As the MIG welding wire, a welding wire having capsule particles filled in a sheath material may be used. Capsule particles are made by attaching particles having a smaller particle size, for example, Cu particles that are well compatible with the base material, to the surface of the particles of the heat-resistant substance, and applying an impact force by a rolling device or the like to form the core of the heat-resistant substance. The particles are particles and Cu is a coated particle.

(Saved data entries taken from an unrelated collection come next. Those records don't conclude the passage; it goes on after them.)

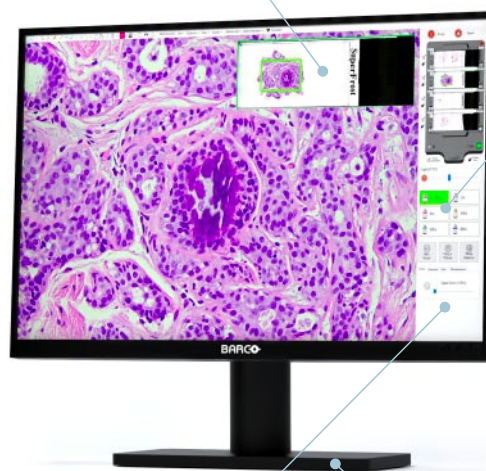

Diagnosi collaborativa

Osservazione in tempo reale del caso da parte di team di patologi remoti. Diagnosi collaborativa tra esperti.

Osservazione e controllo in tempo reale

NED-DP rappresenta l'ultima generazione di strumenti che consentono di ottimizzare i processi di connessione tra ospedali remoti. La condivisione delle immagini diagnostiche in tempo reale su rete dati locale e geografica rappresenta la nuova frontiera della telemedicina. Il controllo del NED-DP da remoto e l'alta definizione delle immagini consentono una diagnosi in urgenza con precisione e con la possibilità di disporre di una second opinion.

Progettato e realizzato per Frozen Section e FNA

- Software di gestione e controllo dedicato con connessione e visualizzazione delle immagini in streaming
- Monitor ad alta definizione DICOM ready
- Fino a sei obiettivi disponibili: 1,25X, 2X, 4X, 10X, 20X, 40X.
- Pronto per le connessioni 4G/5G.

La Patologia Digitale senza confini

Grazie alla versatilità del nuovo strumento NED-DP l'accesso alle immagini diagnostiche diventa più veloce ed efficace. Il pieno controllo da remoto facilita la consultazione e la refertazione a distanza del campione istopatologico.

Connessione di rete GBit Ethernet

Preview vetrino in 10 sec.

Completo controllo da remoto di tutte le funzioni PC on board

6 obiettivi:
1,25 X - 2 X
4 X - 10 X
20 X - 40 X

Holder per 4 vetrini

Software dedicato per streaming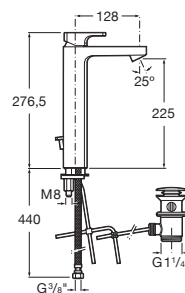

Mezclador monomando para lavabo de caño alto con desagüe automático y enlaces de alimentación flexibles. Apertura en agua fría.

A5A3G01C00

Acabados:

By using such capsule particles,
It is possible to widen the selection range of welding conditions.

[0019]

In summary, according to the present invention, the following excellent effects are exhibited.

Since the refractory material is welded and deposited after the portion to be modified is white pig iron, there is no precipitation of graphite or the like, and the desired modification can be performed easily.

[Brief description of drawings]

FIG. 1 is a side cross-sectional view of a modification target portion for explaining an embodiment of a surface modification method for a cast iron component according to the present invention.

FIG. 2 is a side sectional view for explaining the next step of FIG.

FIG. 3 is a side sectional view for explaining the next step in FIG.

FIG. 4 is a bottom view showing a modification target portion for explaining the problem of the conventional technique.

FIG. 5 is a perspective view showing a modification target portion for explaining another problem of the conventional technique.

[Explanation of symbols]

 11 Site to be modified 13 White pig iron layer 17 Weld metal

 ─────────────────────────────────────────────────── ─── Continuation of the front page (72) Inventor Yuji Matsunami 8 Tsutana, Fujisawa City, Kanagawa Prefecture Isuzu Central Research Institute Co., Ltd.

Claims (1)

[Claims] 1. A method for surface modification of a cast iron component, which comprises depositing a refractory substance by welding after depositing a portion to be reformed with white pig iron.